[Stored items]
_____
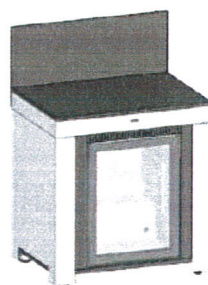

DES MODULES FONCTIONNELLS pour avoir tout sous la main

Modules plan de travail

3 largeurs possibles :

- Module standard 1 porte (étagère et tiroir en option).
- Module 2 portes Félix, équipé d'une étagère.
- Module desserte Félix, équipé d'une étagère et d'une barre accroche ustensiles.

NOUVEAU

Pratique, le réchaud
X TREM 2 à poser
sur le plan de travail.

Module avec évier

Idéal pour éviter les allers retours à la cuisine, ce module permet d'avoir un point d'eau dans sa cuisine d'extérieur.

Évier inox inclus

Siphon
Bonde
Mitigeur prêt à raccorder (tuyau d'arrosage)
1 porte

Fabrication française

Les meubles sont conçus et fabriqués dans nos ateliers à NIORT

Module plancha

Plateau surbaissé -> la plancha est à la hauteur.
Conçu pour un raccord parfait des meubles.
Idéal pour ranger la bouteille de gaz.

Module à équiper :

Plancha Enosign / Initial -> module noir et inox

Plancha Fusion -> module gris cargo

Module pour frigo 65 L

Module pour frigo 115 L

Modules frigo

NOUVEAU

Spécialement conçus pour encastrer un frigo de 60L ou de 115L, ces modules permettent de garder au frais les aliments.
_____
WHAT THE TASK ASKS: Where a line of the entries contains the word "meubles", copy that line.

ANSWER BOX:
Les meubles sont conçus et fabriqués dans nos ateliers à NIORT
Conçu pour un raccord parfait des meubles.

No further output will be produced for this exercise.